**Input for this task**
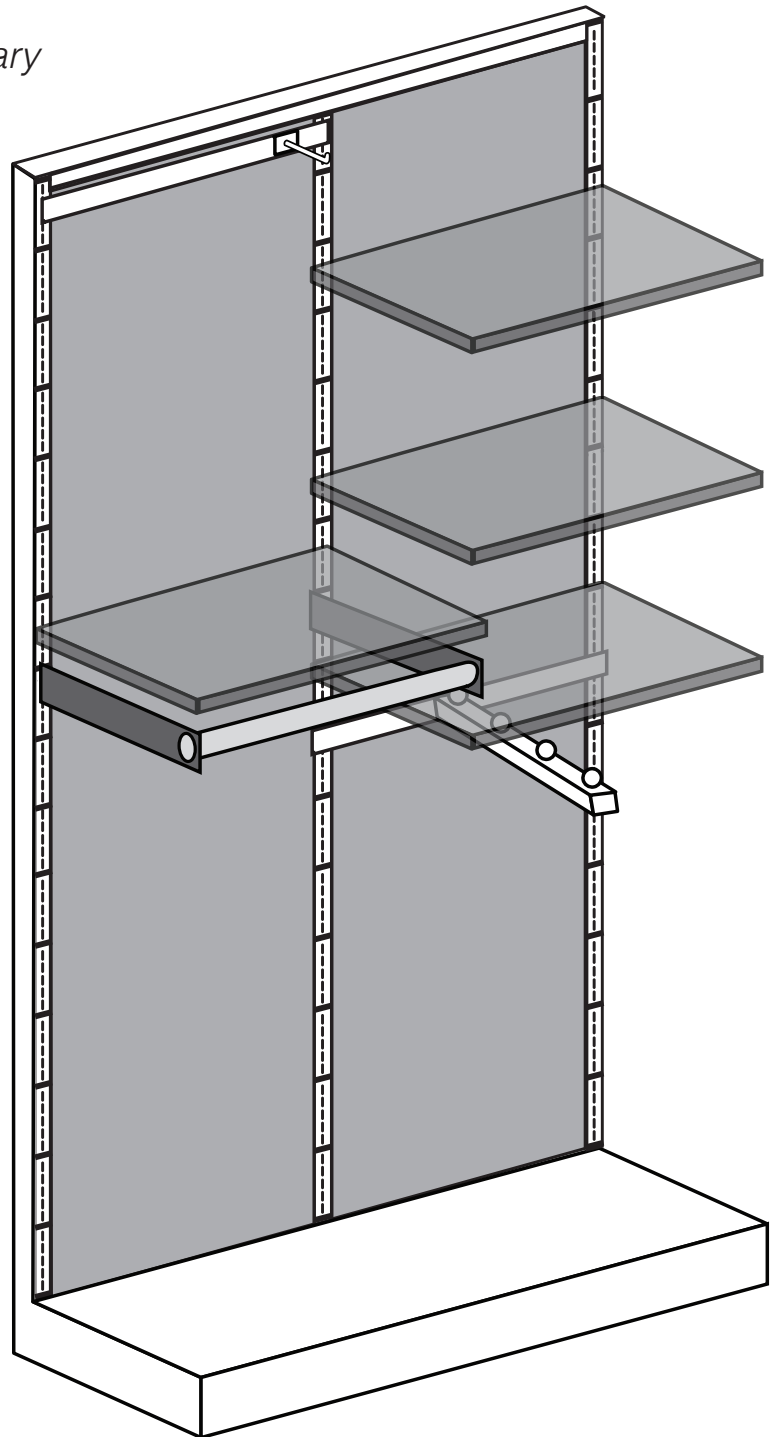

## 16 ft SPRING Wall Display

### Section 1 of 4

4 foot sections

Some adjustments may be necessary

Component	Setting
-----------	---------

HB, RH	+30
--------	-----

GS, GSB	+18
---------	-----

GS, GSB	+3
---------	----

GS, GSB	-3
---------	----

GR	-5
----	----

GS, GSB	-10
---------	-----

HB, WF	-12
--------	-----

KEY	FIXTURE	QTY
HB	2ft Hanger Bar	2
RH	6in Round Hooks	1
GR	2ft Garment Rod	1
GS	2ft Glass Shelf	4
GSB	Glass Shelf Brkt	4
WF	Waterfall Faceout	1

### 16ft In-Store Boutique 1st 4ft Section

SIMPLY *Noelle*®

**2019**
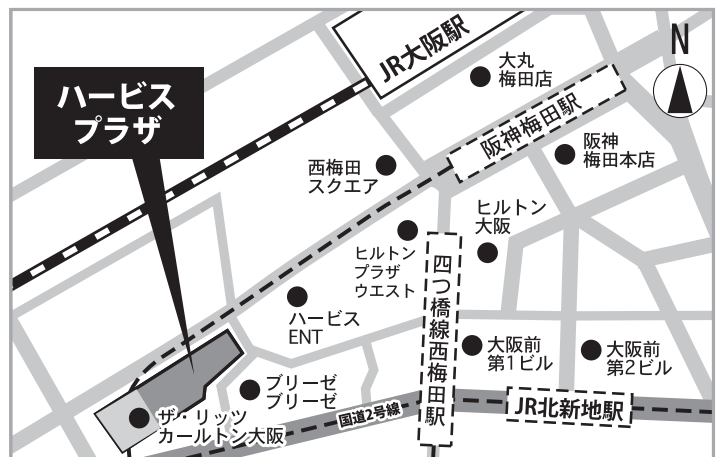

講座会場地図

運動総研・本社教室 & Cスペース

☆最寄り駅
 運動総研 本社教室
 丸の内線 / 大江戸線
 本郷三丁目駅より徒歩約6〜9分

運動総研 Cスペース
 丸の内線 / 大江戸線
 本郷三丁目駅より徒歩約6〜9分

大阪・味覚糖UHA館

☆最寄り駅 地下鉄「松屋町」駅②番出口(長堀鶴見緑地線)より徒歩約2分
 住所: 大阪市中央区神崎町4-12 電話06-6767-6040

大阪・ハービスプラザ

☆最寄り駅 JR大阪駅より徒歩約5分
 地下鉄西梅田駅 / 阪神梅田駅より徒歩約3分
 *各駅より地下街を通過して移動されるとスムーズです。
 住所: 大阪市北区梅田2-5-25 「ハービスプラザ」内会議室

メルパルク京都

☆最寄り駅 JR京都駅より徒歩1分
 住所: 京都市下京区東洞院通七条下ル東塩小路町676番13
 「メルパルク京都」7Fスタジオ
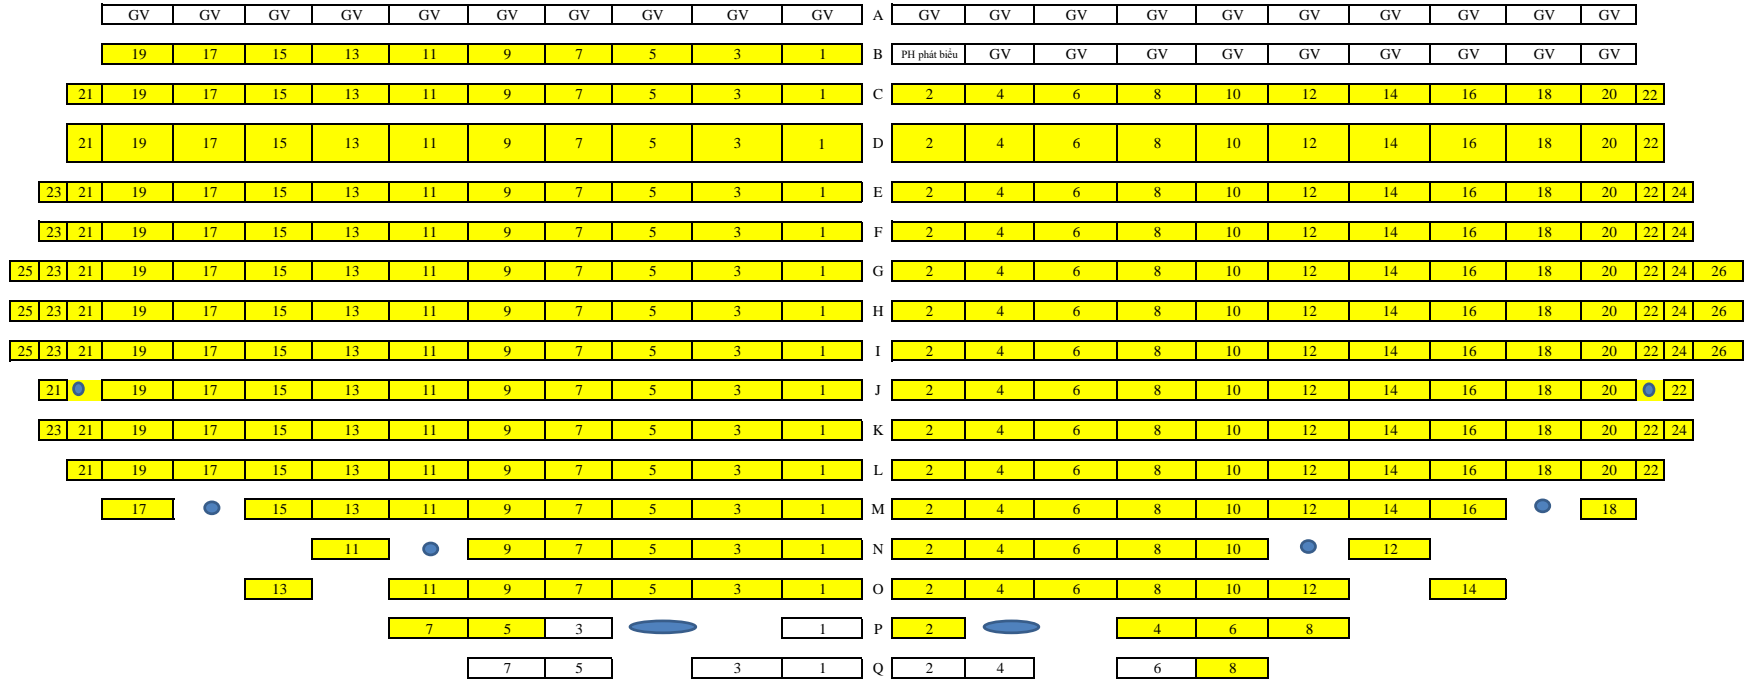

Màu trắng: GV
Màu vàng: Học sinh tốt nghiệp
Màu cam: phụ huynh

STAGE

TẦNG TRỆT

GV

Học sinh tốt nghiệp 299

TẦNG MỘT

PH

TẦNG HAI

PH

---

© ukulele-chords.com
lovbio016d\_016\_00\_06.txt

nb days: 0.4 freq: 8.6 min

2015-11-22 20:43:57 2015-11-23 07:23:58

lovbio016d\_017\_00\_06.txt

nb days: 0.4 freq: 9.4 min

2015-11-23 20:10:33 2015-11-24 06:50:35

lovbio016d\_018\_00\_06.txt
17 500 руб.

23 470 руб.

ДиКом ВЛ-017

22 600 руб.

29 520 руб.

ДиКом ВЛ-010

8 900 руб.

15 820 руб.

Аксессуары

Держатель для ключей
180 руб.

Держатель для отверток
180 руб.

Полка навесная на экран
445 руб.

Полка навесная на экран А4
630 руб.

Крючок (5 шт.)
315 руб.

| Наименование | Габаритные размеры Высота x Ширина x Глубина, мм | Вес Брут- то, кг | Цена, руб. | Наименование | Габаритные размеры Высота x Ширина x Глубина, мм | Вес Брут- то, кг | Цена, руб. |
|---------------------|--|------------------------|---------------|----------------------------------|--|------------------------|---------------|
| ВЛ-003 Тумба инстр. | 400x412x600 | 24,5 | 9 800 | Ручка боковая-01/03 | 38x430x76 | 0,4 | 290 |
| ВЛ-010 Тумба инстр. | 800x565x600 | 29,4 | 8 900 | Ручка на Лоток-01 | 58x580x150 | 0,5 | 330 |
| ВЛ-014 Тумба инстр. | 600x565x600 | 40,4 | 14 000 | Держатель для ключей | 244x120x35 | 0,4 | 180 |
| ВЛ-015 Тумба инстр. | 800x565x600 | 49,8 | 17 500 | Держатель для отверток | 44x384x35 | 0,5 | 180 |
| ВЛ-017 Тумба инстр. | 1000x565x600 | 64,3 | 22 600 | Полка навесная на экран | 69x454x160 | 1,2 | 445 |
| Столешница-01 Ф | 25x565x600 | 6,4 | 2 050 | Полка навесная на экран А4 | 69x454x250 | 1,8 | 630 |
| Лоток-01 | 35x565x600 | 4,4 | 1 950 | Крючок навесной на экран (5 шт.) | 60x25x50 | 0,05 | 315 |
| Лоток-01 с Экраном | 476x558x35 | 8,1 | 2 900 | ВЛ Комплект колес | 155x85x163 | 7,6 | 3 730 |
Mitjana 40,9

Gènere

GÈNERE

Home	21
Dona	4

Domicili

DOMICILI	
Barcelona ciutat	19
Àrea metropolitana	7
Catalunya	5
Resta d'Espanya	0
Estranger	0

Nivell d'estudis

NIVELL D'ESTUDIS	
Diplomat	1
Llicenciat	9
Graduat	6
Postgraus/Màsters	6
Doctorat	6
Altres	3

**Description of the task**
Set down, exactly as they stand above, the lines starting with the line with "## 16 ft SPRING Wall Display" and going on through the line with "SIMPLY *Noelle*®", and no others.

**Answer box**
## 16 ft SPRING Wall Display

### Section 1 of 4

4 foot sections

Some adjustments may be necessary

Component	Setting
-----------	---------

HB, RH	+30
--------	-----

GS, GSB	+18
---------	-----

GS, GSB	+3
---------	----

GS, GSB	-3
---------	----

GR	-5
----	----

GS, GSB	-10
---------	-----

HB, WF	-12
--------	-----

KEY	FIXTURE	QTY
HB	2ft Hanger Bar	2
RH	6in Round Hooks	1
GR	2ft Garment Rod	1
GS	2ft Glass Shelf	4
GSB	Glass Shelf Brkt	4
WF	Waterfall Faceout	1

### 16ft In-Store Boutique 1st 4ft Section

SIMPLY *Noelle*®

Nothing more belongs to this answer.